§ TASK ITEM
From the line containing "MITTAUSPAIKKA" through the last line of the entries below, print each line exactly. Pictures stay out.

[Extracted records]
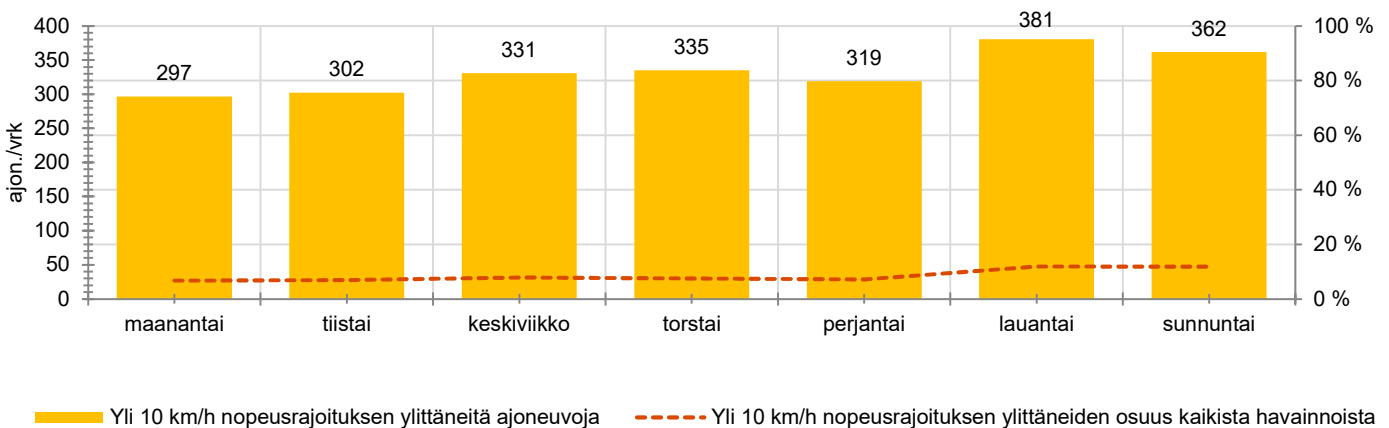

TUNTIKOHTAISET KESKIMÄÄRÄISET HAVAINTOARVOT

VIIKONPÄIVÄKOHTAISET KESKIMÄÄRÄISET HAVAINTOARVOT

Siirrettävät nopeusnäyttötaulut 2022

MITTAUSPAIKKA

Raalantie, Nurmijärvi

Suora bussipysäkkien kohdalla, etelään ajettaessa.
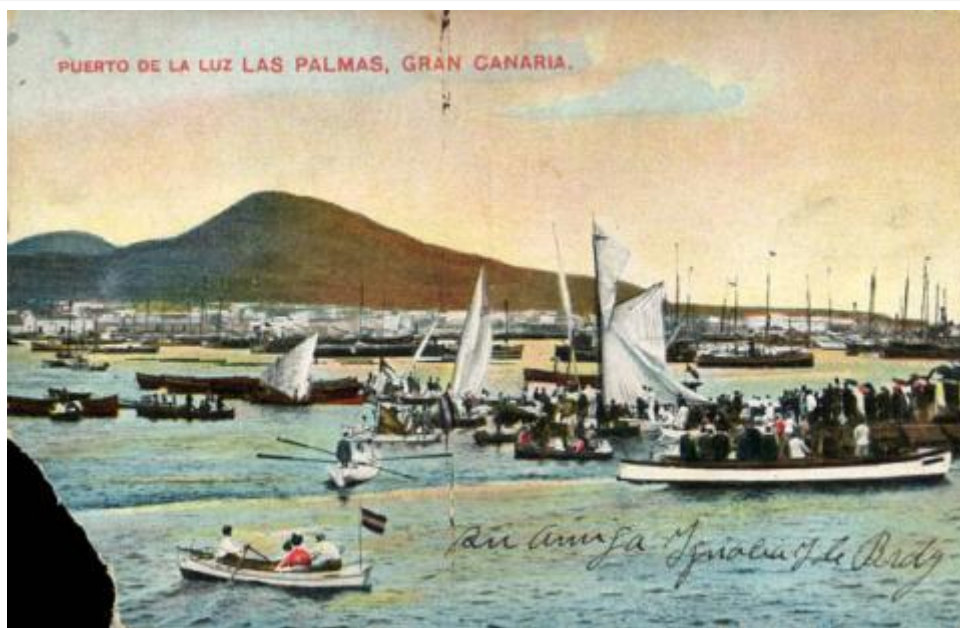

**Registro ID: Ob-9-758****Título: Puerto de la Luz, Las Palmas, Gran Canaria**

Creador: Desconocido/a

Institución: Museo Nacional Benjamín Vicuña Mackenna

Nombre por forma: Tarjeta postal

Nivel jerárquico: Objeto

## Descripción física

Imagen de formato rectangular de orientación horizontal. Composición en base a una escena marina con embarcaciones y colinas al fondo. Al reverso hay texto manuscrito e impreso. Postal del Puerto de la Luz, Islas Canarias, España.

## Inscripciones/Marcas

Transcripción	Más información
Anverso PUERTO DE LA LUZ LAS PALMAS, GRAN CANARIA. Su amiga Ignalia I de BardyReverso: Señora Isolina V de MaidanaAntofagasta, 18 de 1912.	Idioma: español Autor: Ignalia I. De Mardy

§ ANSWER FOR THE TASK
MITTAUSPAIKKA

Raalantie, Nurmijärvi

Suora bussipysäkkien kohdalla, etelään ajettaessa.

**Registro ID: Ob-9-758****Título: Puerto de la Luz, Las Palmas, Gran Canaria**

Creador: Desconocido/a

Institución: Museo Nacional Benjamín Vicuña Mackenna

Nombre por forma: Tarjeta postal

Nivel jerárquico: Objeto

## Descripción física

Imagen de formato rectangular de orientación horizontal. Composición en base a una escena marina con embarcaciones y colinas al fondo. Al reverso hay texto manuscrito e impreso. Postal del Puerto de la Luz, Islas Canarias, España.

## Inscripciones/Marcas

Transcripción	Más información
Anverso PUERTO DE LA LUZ LAS PALMAS, GRAN CANARIA. Su amiga Ignalia I de BardyReverso: Señora Isolina V de MaidanaAntofagasta, 18 de 1912.	Idioma: español Autor: Ignalia I. De Mardy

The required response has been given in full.